- **Task instructions**: Scan the entries for lines with the word "Cardboard" and copy those lines.

--- Extracted records ---

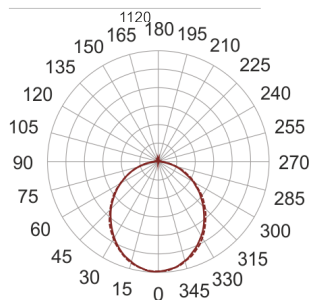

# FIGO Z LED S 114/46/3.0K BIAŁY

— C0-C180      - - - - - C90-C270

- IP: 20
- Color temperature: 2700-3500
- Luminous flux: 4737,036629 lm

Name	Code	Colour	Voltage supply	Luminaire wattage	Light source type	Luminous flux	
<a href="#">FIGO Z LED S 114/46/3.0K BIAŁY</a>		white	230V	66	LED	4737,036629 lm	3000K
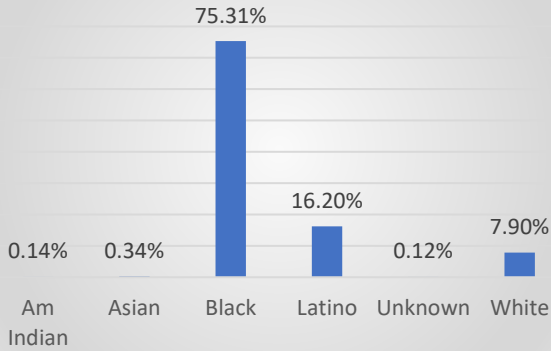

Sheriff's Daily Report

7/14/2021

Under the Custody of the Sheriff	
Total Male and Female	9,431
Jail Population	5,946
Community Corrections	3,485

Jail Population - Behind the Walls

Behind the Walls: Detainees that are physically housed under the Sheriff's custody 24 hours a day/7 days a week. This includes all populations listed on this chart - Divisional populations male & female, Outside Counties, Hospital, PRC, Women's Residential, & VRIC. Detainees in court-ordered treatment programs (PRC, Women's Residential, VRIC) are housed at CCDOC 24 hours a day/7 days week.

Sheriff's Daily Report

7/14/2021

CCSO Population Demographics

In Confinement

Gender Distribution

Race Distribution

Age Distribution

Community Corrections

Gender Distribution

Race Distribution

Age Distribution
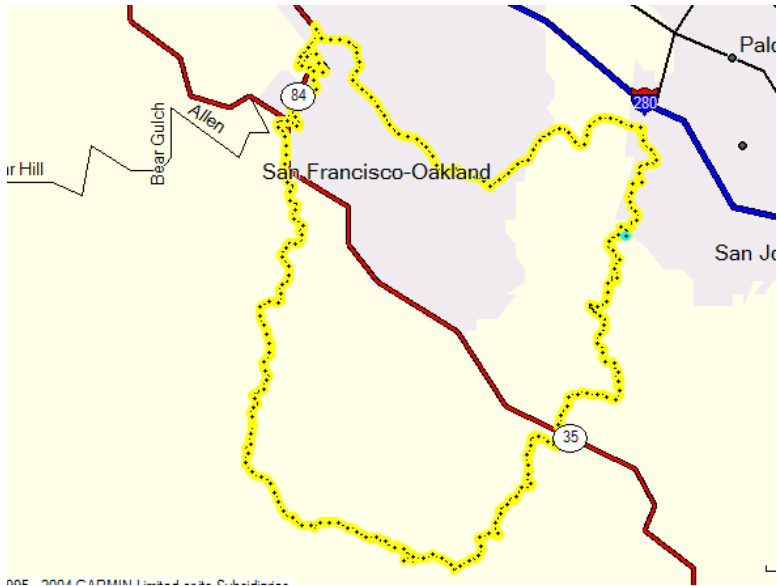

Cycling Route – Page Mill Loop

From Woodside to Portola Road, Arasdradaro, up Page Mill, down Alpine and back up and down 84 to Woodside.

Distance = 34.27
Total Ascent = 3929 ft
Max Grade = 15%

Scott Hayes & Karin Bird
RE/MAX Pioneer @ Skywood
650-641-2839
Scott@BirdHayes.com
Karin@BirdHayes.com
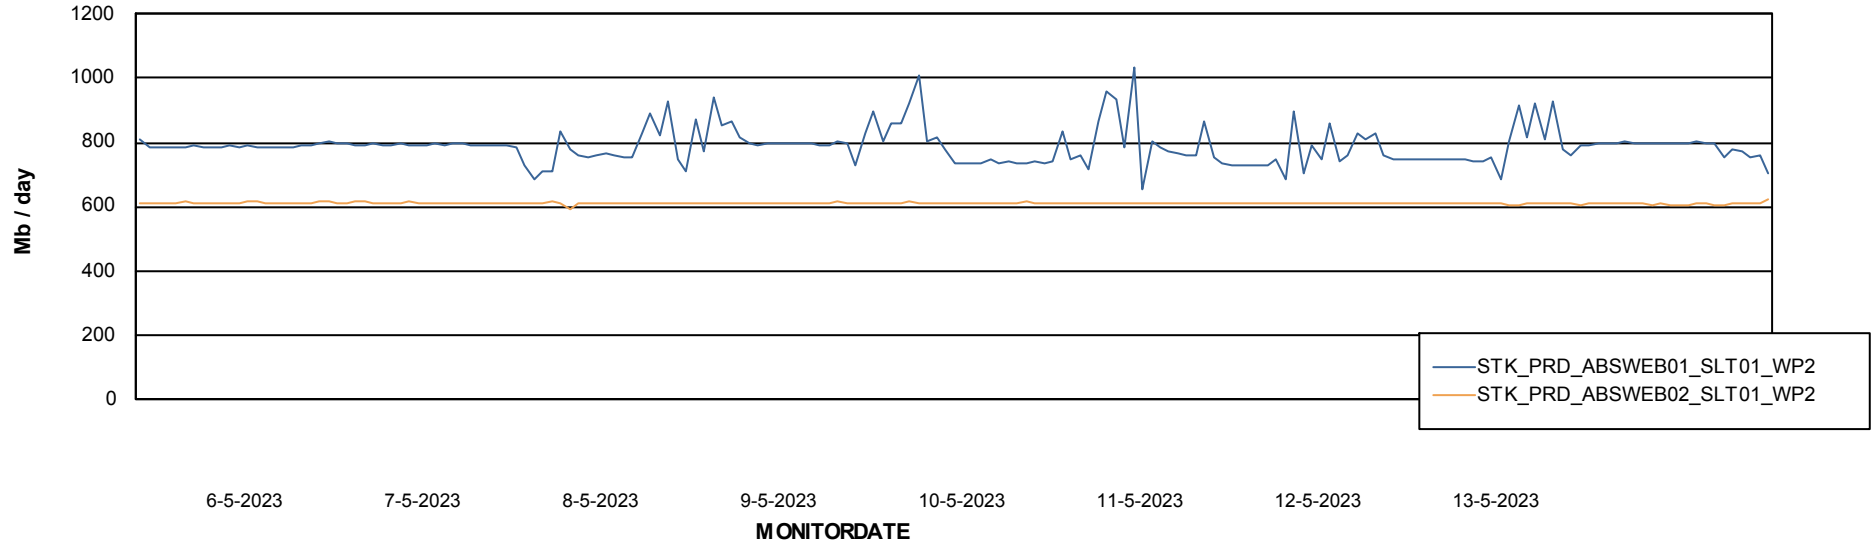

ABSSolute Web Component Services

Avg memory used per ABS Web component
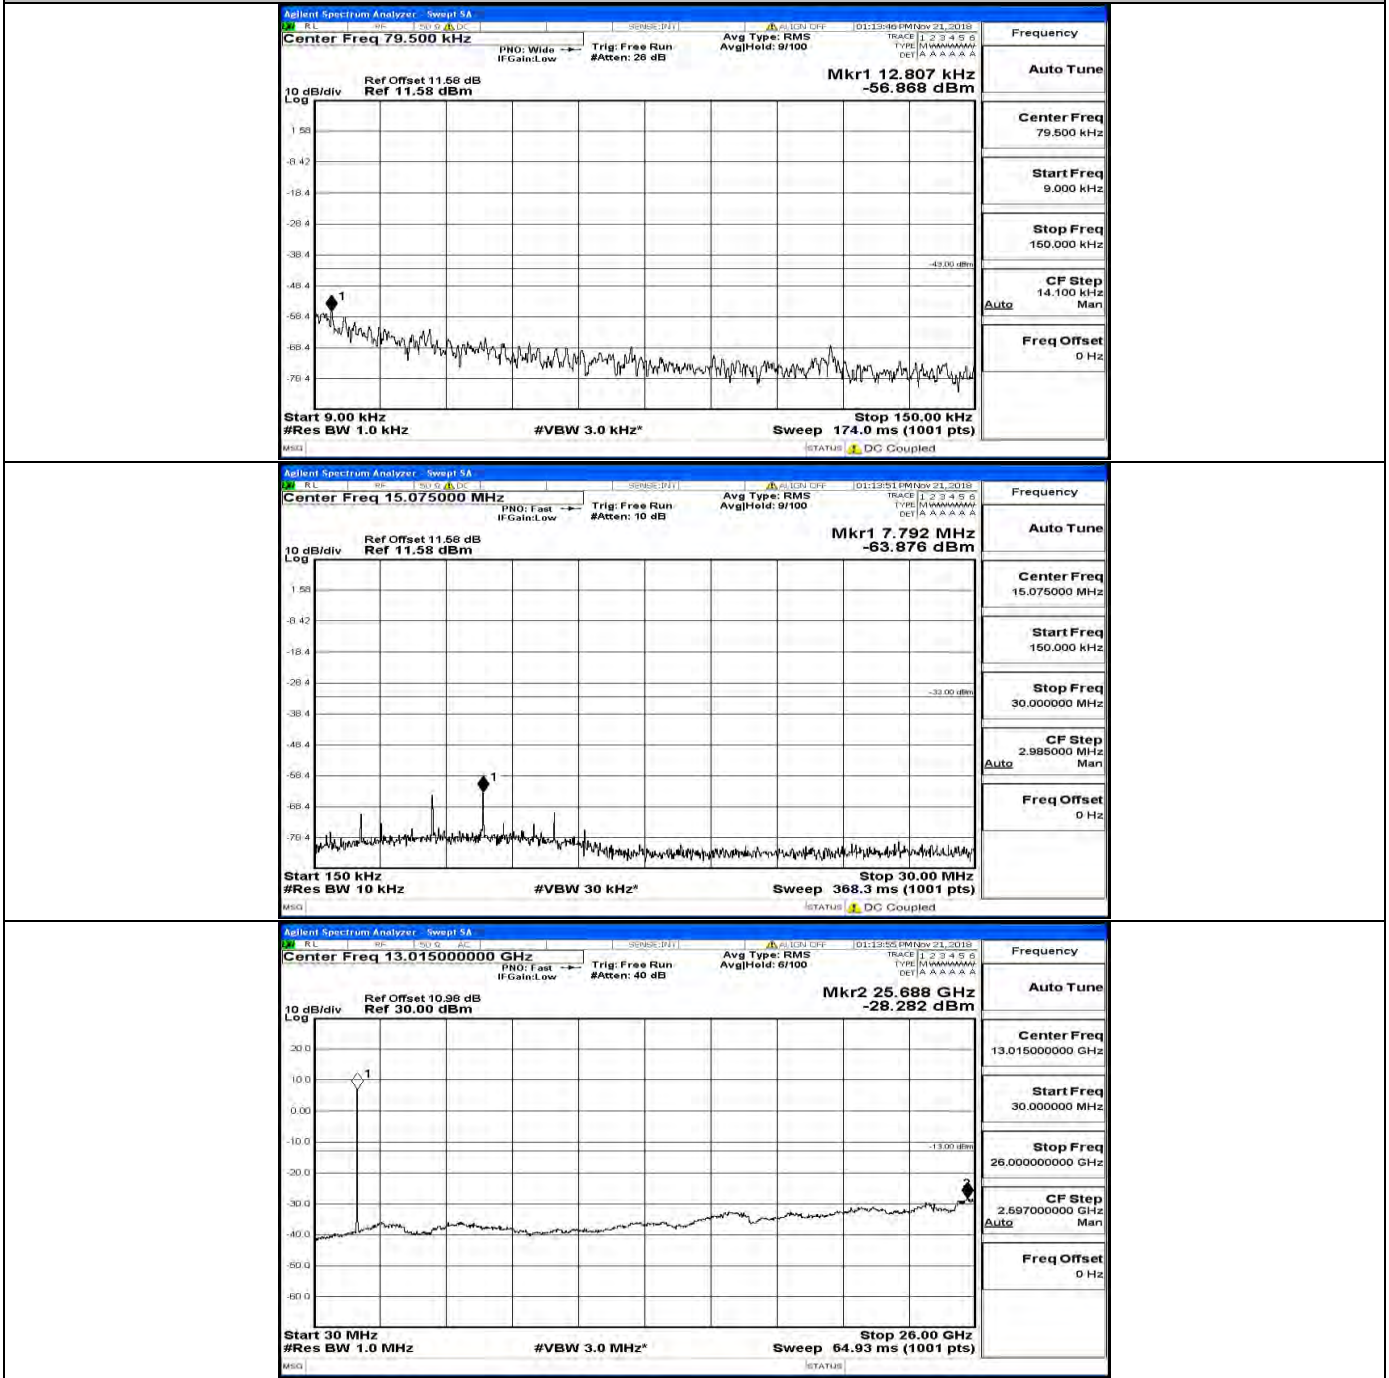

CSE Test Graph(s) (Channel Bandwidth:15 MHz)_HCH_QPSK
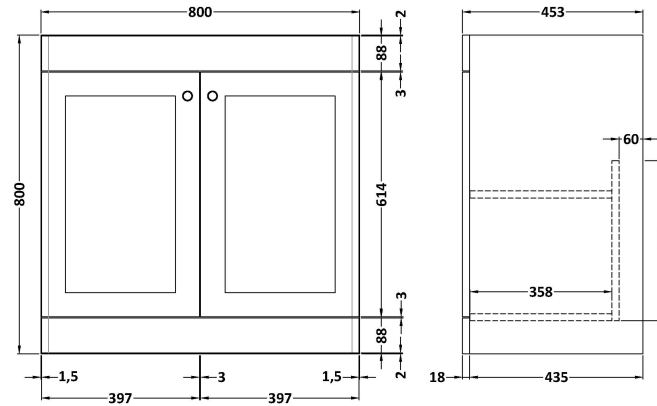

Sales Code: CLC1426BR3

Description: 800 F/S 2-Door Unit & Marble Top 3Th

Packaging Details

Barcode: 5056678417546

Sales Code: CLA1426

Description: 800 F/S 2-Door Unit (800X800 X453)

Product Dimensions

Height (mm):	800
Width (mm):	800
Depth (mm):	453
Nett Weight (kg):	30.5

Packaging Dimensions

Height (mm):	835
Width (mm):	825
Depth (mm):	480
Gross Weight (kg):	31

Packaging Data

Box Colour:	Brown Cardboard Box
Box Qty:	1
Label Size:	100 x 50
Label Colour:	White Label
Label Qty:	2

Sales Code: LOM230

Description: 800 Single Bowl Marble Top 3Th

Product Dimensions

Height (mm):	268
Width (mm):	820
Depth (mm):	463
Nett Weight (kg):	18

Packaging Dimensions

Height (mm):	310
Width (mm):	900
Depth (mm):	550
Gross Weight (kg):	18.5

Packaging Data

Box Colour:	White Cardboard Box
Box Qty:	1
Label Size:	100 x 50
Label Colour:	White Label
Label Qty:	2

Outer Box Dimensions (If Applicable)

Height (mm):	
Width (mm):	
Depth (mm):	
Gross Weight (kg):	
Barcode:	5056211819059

---

- **Result below**:
Box Colour:	Brown Cardboard Box
Box Colour:	White Cardboard Box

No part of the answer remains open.